In Reply Costa and colleagues raise important issues regarding how grooming disorders (GDs) should be optimally treated and classified.
N-acetylcysteine (NAC) showed superiority over placebo as monotherapy in excoriation disorder,1 similar to findings in trichotillomania. However, NAC’s findings in obsessive-compulsive disorder (OCD) are mixed. Two clinical trials reported significant benefits of NAC augmentation over placebo for OCD,2,3 while a third study did not show benefits over placebo.4 As Costa and colleagues suggest, differential pharmacological response across disorders is an important factor when considering diagnostic classification. This is also complicated by differences in study designs, as results may vary when using NAC as augmentation to a selective serotonin reuptake inhibitor rather than a primary intervention.
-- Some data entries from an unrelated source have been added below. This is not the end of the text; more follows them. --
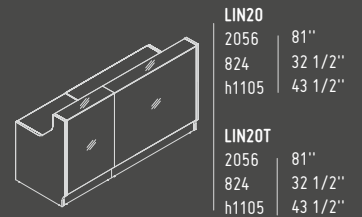

LINEA

AVAILABLE COLOURS

08 - BLACK

26 - ALUMINIUM
SATINATO

67 - WHITE
PASTEL

124 - SILVER
GLASS

134 - DARK
TURQUOISE GLASS

135 - YELLOW
GLASS

136 - FUCHSIA
GLASS

116 - BLACK
GLASS

117 - WHITE
GLASS
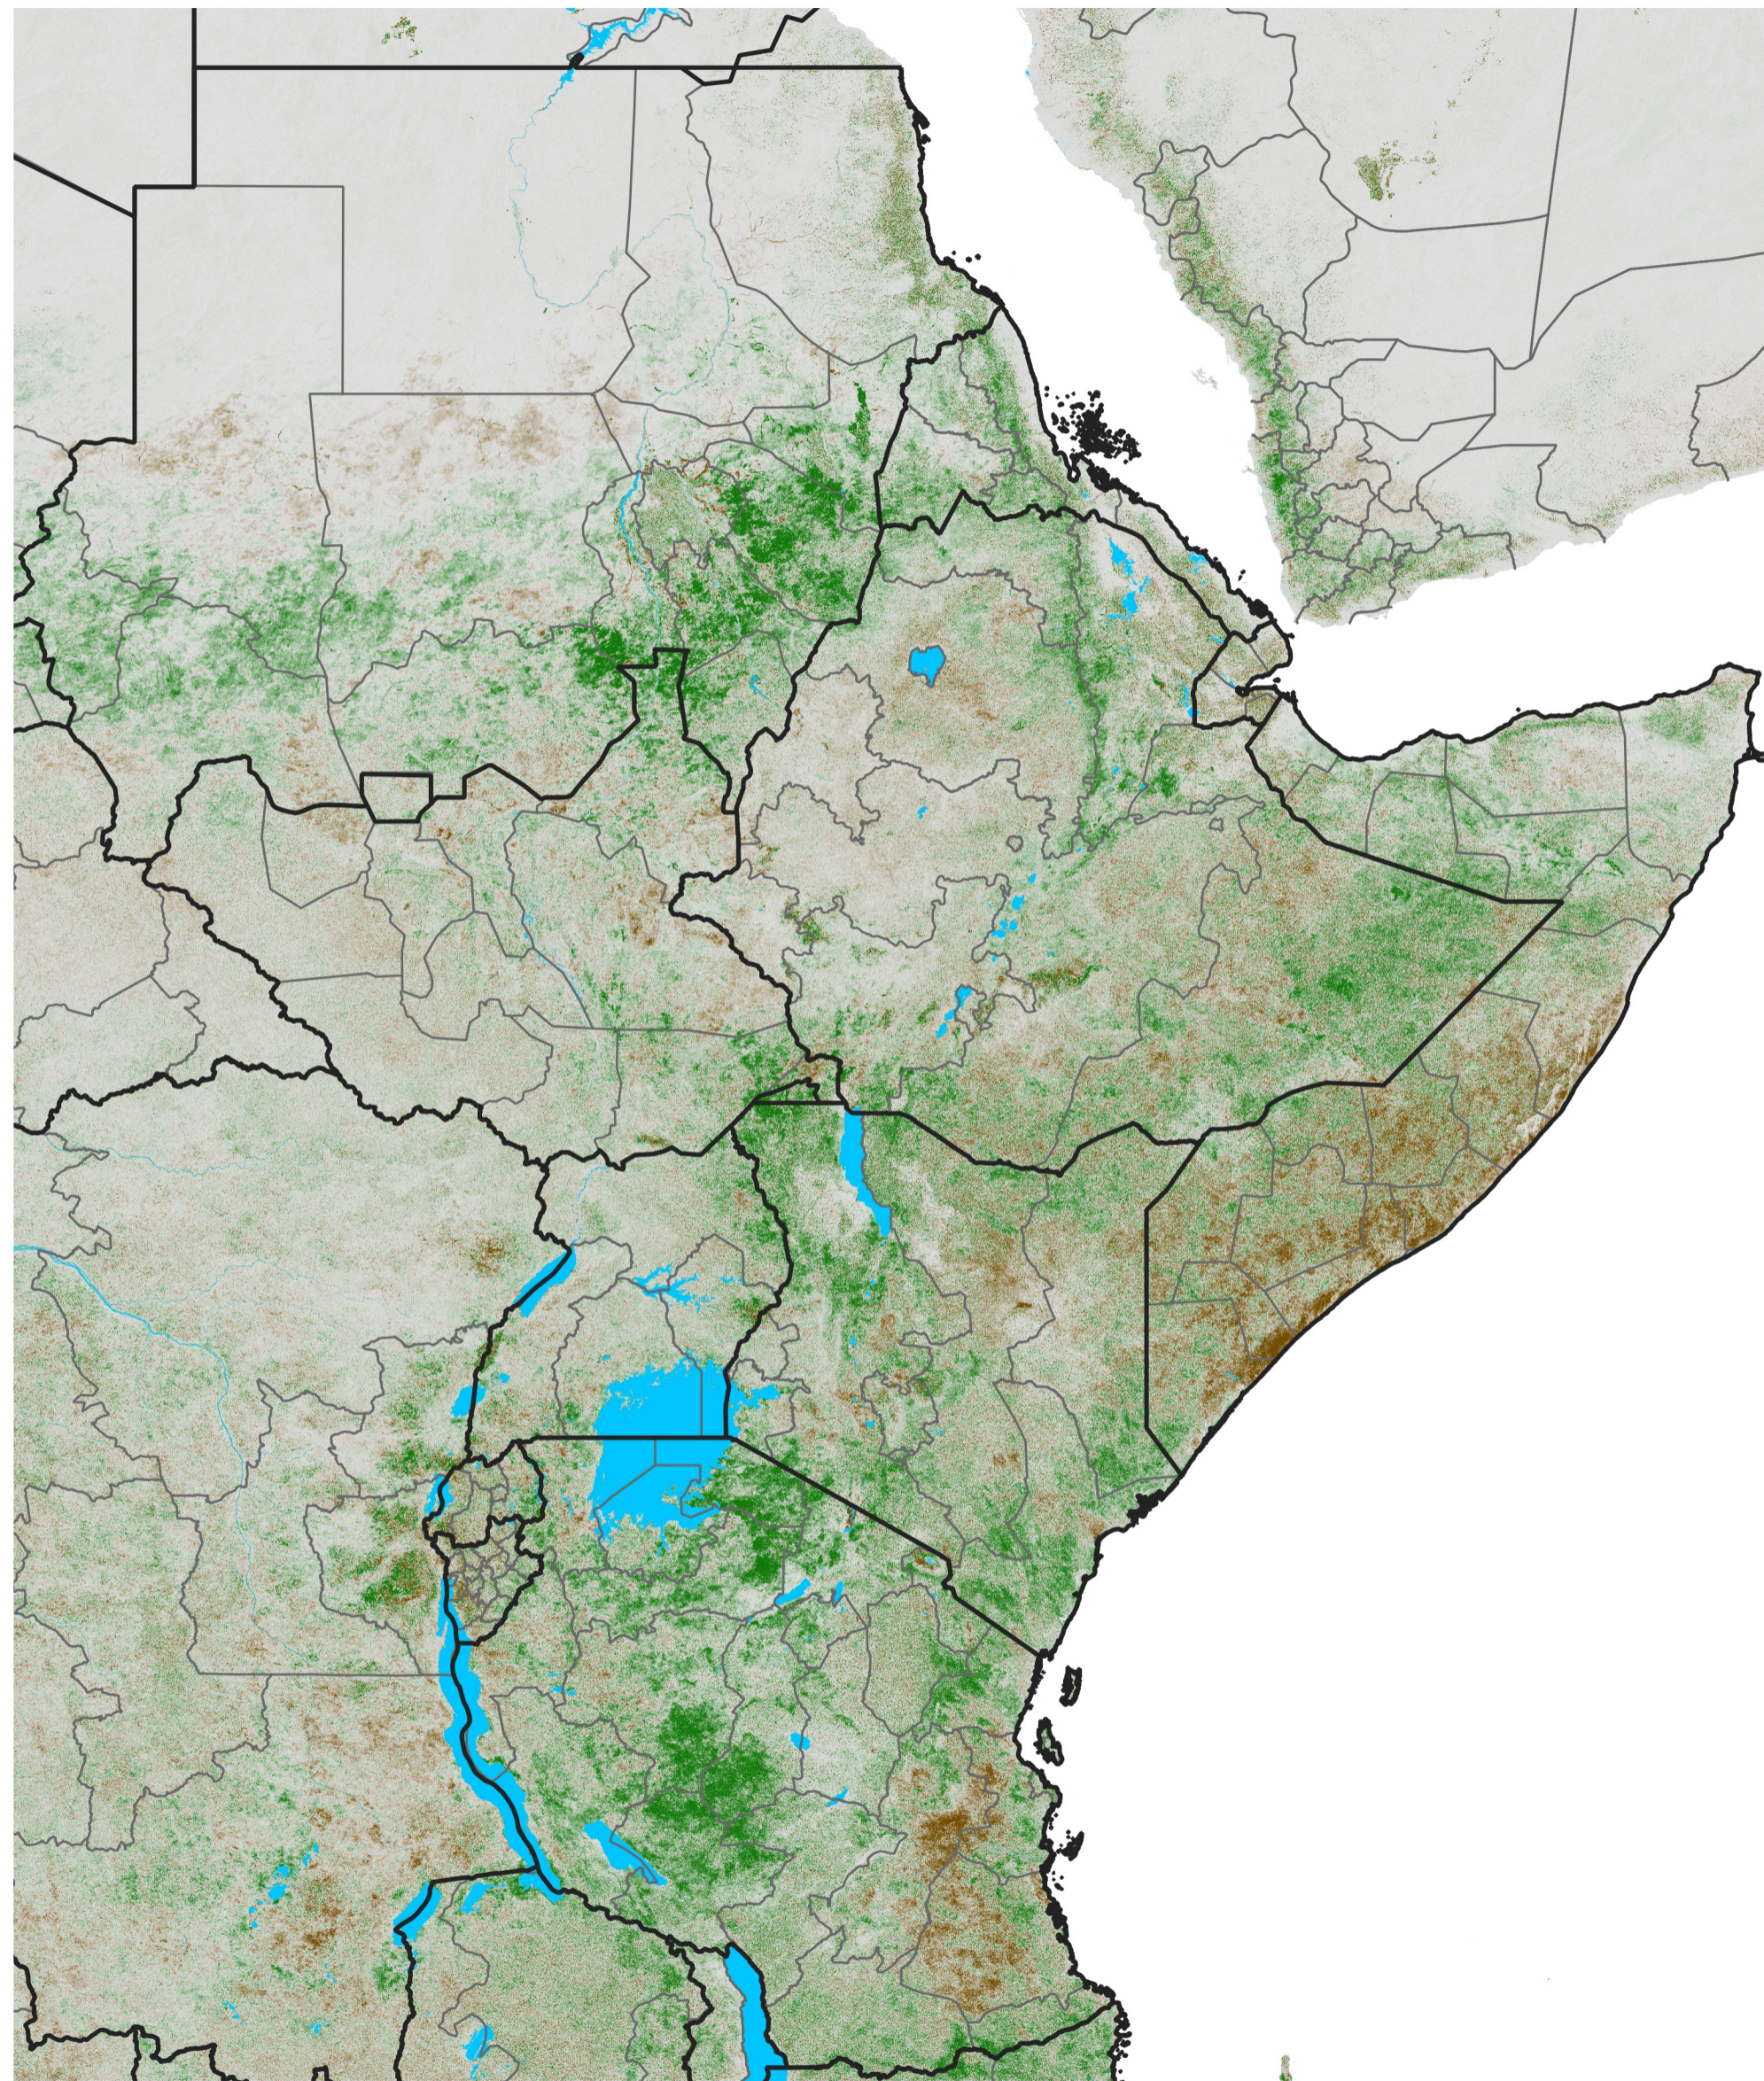

# East Africa NDVI Difference

2014 minus 2013

Period 60 / Oct 21 - 31, 2014

## NDVI Difference

< -0.3   -0.2   -0.1   -0.05   0.05   0.1   0.2   >0.3

Negative

No Difference

Positive

A common link between GD and OCD is an appealing notion based on overt symptoms: these conditions are characterized by repetitive acts that are difficult to suppress. There is evidence for familial and comorbid overlap as well, but whether this overlap is stronger than between GD and other disorders (eg, alcoholism or attention-deficit/hyperactivity disorder) is less clear. Neuropsychological deficits in OCD span a broader range of domains than those identified in GD. Even without these differences, the neurobiological underpinnings may differ between disorders. Also, cognitive dysfunction is heterogeneous even within a given disorder: while patient groups may manifest general cognitive deficits relative to control groups, these problems may not always persist when assessed on an individual basis. The logical question then is whether cognitive, imaging, or other markers could be used to individualize treatment based on unique clinical features, possibly transdiagnostically.
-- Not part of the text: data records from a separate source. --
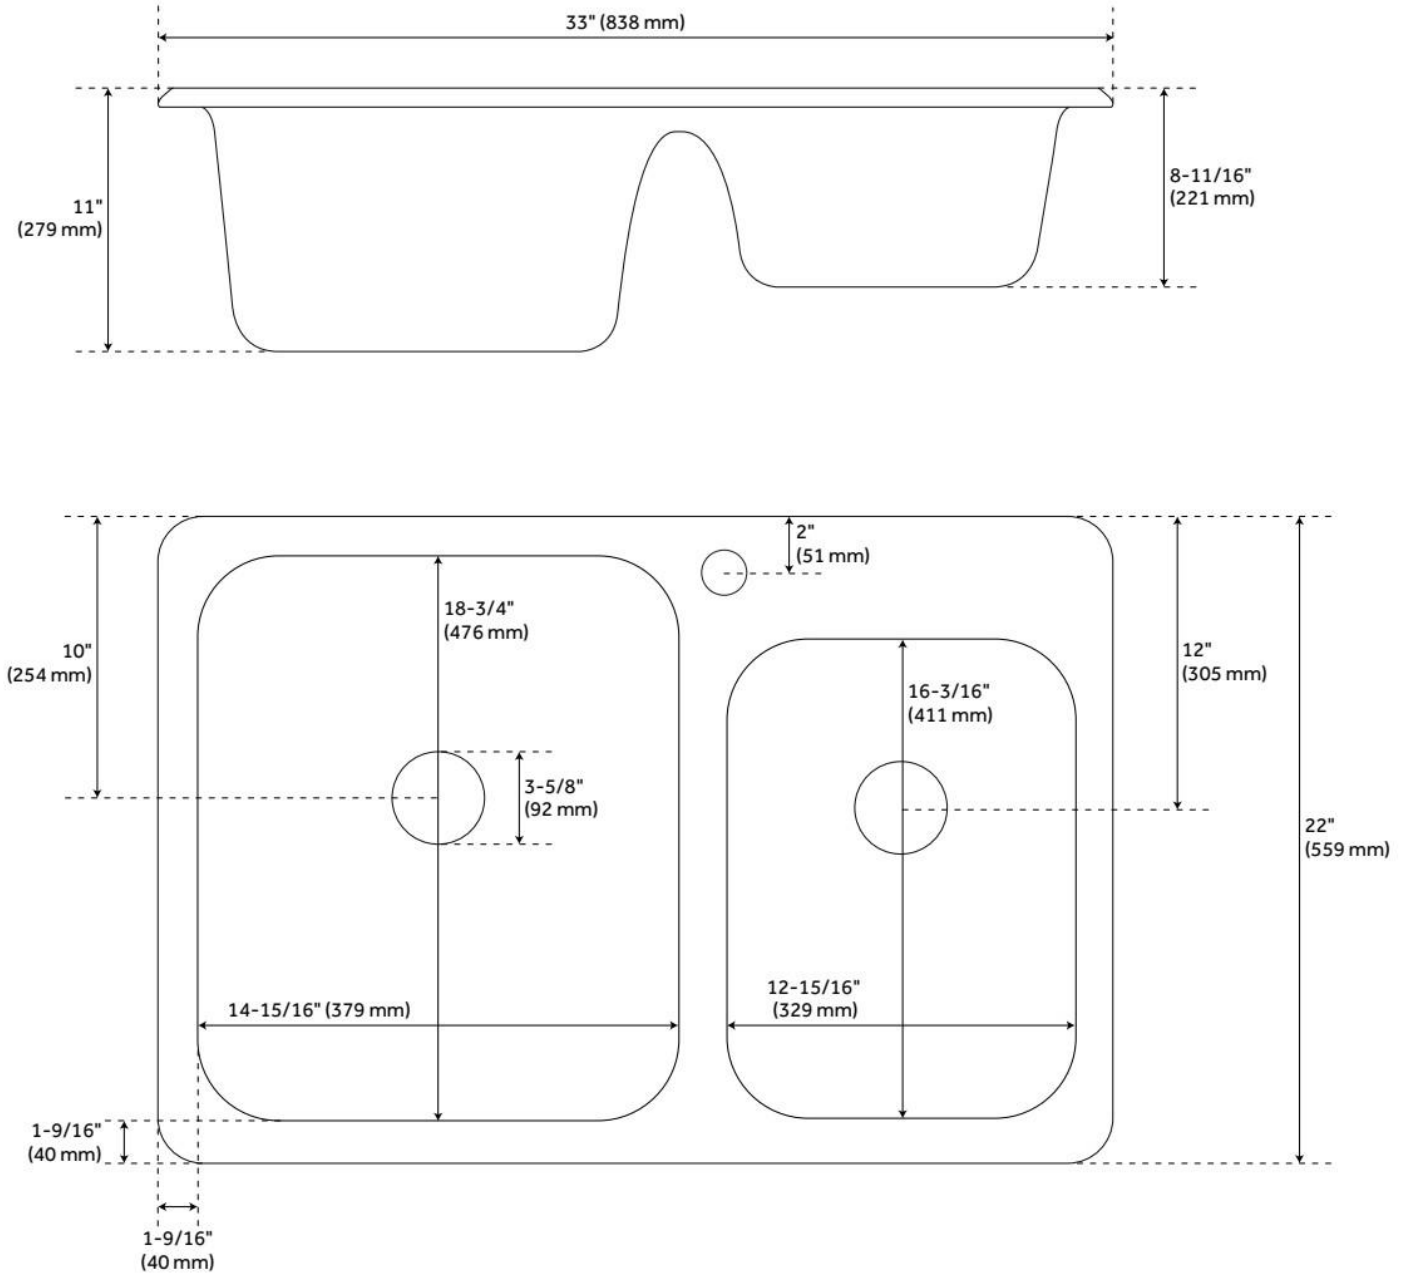

33" ELGIN 60/40 OFFSET DOUBLE-BOWL CAST IRON DROP-IN KITCHEN SINK - SINGLE HOLE - WHITE

SKU: 424854
Code: SH424854

FEATURES

Material: Cast Iron
Product Finish: White
Installation Type: Drop-In
Shape: Rectangle
Drain Placement: Center
Fits Drain Hole Size: 3-1/2"
Faucet Centers: Single-Hole
Overflow Hole: No
Mounting Hardware Included: No

Optional Accessory: Strainer: SH402277, SH402283, SH402288, SH406049, SH402262, SH402266

ASME A112.19.1/CSA B45.2, Massachusetts Accepted, LISTED ID: 515904

ADDITIONAL FEATURES

- Faucet holes are 1-3/8"

REVISED 8/13/2024

33" ELGIN 60/40 OFFSET DOUBLE-BOWL CAST IRON DROP-IN KITCHEN SINK - SINGLE HOLE - WHITE

SKU: 424854
Code: SH424854

REVISED 8/13/2024

We agree with the caveats by Costa et al regarding animal models of GD and OCD. In our experience, some animal models of OCD are in fact measuring excessive grooming, while other models of excessive grooming bear little face validity with human disorders, such as animals who excessively groom cage-mates, as opposed to themselves. While these modalities may be beneficial in assessing wider trends, their utility in optimizing treatment based on individual traits may be more limited.
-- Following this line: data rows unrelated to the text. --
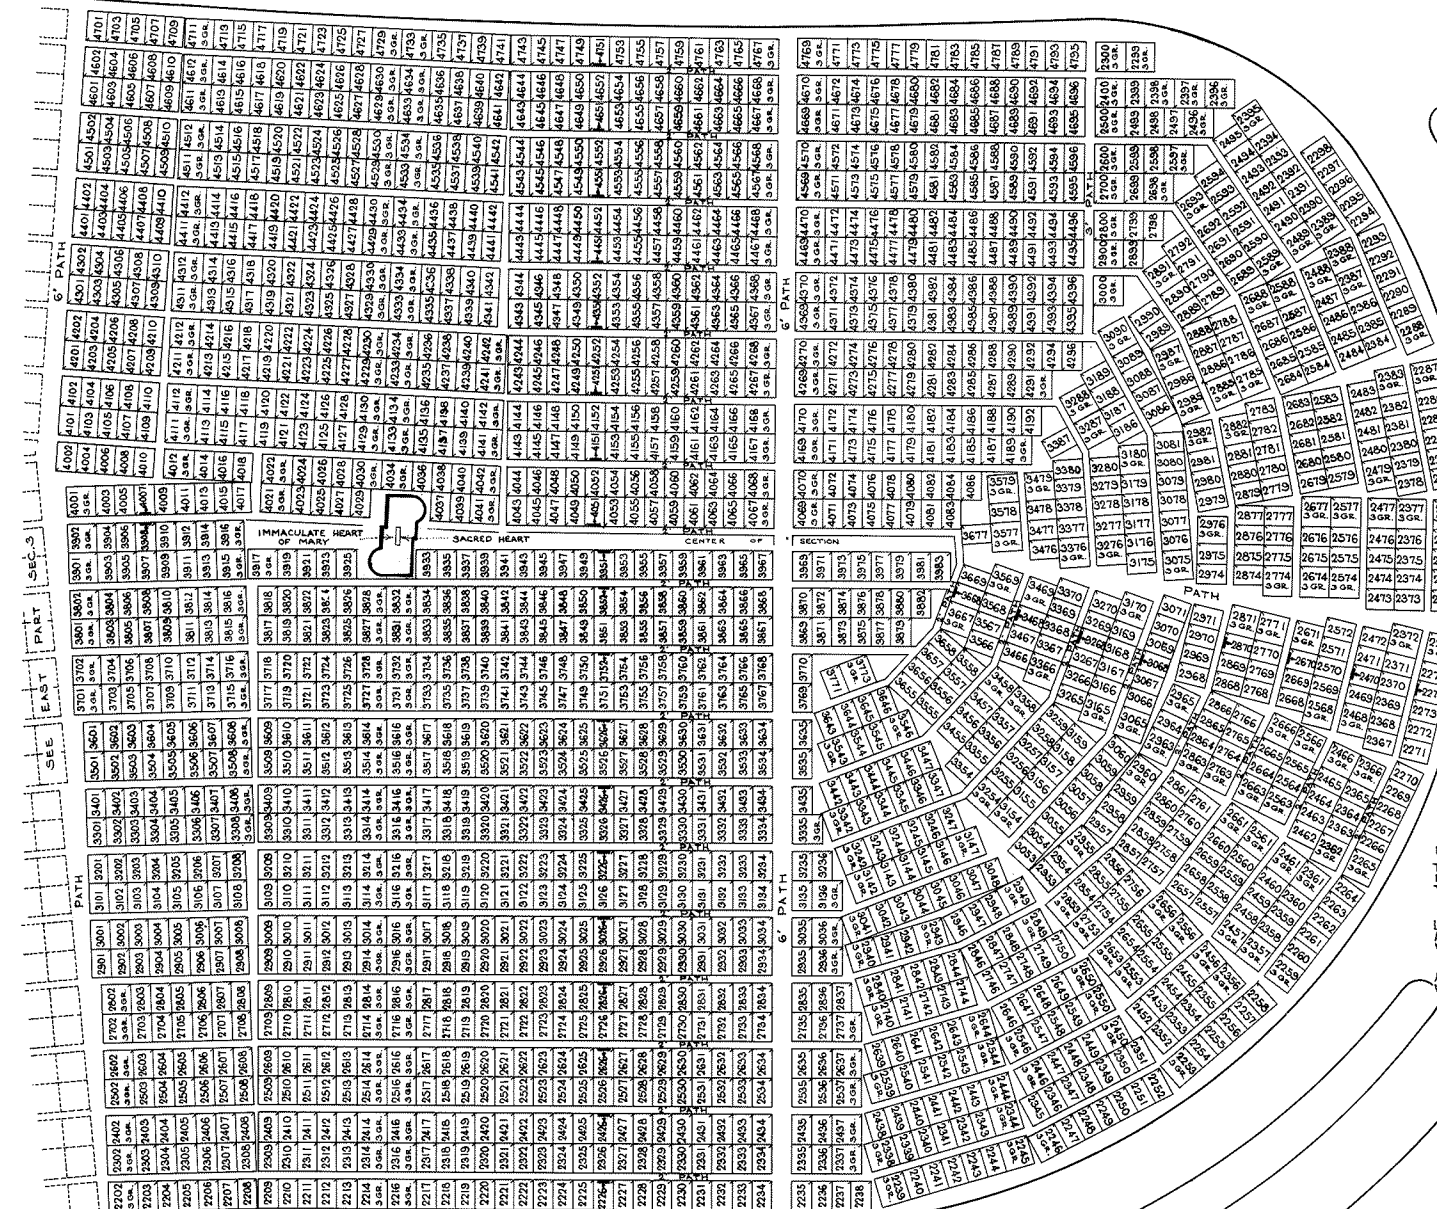

NOTE:
 THE LOT NUMBER IS FOUND IN THE UPPER
 RIGHT HAND CORNER OF LOTS AS YOU
 FACE THE LOTS AND IS INDICATED THUS

LOCATION OF GRAVE MARKERS SHOWN THUS ↑
 ARROW INDICATES DIRECTION GRAVE
 MARKERS WILL FACE.

ALL LOTS ARE 2 GRAVE LOTS EXCEPT
 WHERE OTHERWISE NOTED.

ALL 2 GRAVE LOTS ARE 6'x3'
 ALL 3 GRAVE LOTS ARE 9'x3'

1404 - 2 GRAVE LOTS
 222 - 3 GRAVE LOTS
 1853 - TOTAL LOTS

ALL SAINTS CEMETERY
 NORTHFIELD, OHIO
EAST PART
SECTION 3

SCALE 1"=20' G.C.A. NOV. 1961

NOTE:
 THE LOT NUMBER IS FOUND IN THE UPPER
 RIGHT HAND CORNER OF LOTS AS YOU FACE
 THE LOTS AND IS INDICATED THUS [arrow symbol]

LOCATION OF GRAVE MARKERS SHOWN THUS [arrow symbol]
 ARROW INDICATES DIRECTION GRAVE MARKERS
 WILL FACE.

ALL LOTS ARE 2 GRAVE LOTS EXCEPT
 WHERE OTHERWISE NOTED.

ALL 2 GRAVE LOTS ARE 6'x9'
 ALL 3 GRAVE LOTS ARE 9'x9'

1597 - 3 GRAVE LOTS
 1618 - 3 GRAVE LOTS
 TOTAL LOTS

ALL SAINTS CEMETERY
 NORTHFIELD, OHIO
WEST PART
SECTION 3

We suggest that current diagnostic classification of GD is arbitrary but pragmatic given available evidence. Classifying GD with OCD in the DSM-5 encourages clinicians to screen for relevant comorbidities and encourages research to support or refute this conceptualization. Whether the International Statistical Classification of Diseases and Related Health Problems, Eleventh Revision will adopt a similar classification remains unclear because GDs are currently listed in a separate category to OCD in the International Statistical Classification of Diseases and Related Health Problems, Tenth Revision. Despite possible neurobiological or cognitive distinctions, it may be beneficial to classify GD and OCD under a common heading based on similar symptoms, given that not all clinicians have experience with GD and may conflate symptoms with OCD unless distinct guidelines are provided, as is often the case with disorders falling under a common classification.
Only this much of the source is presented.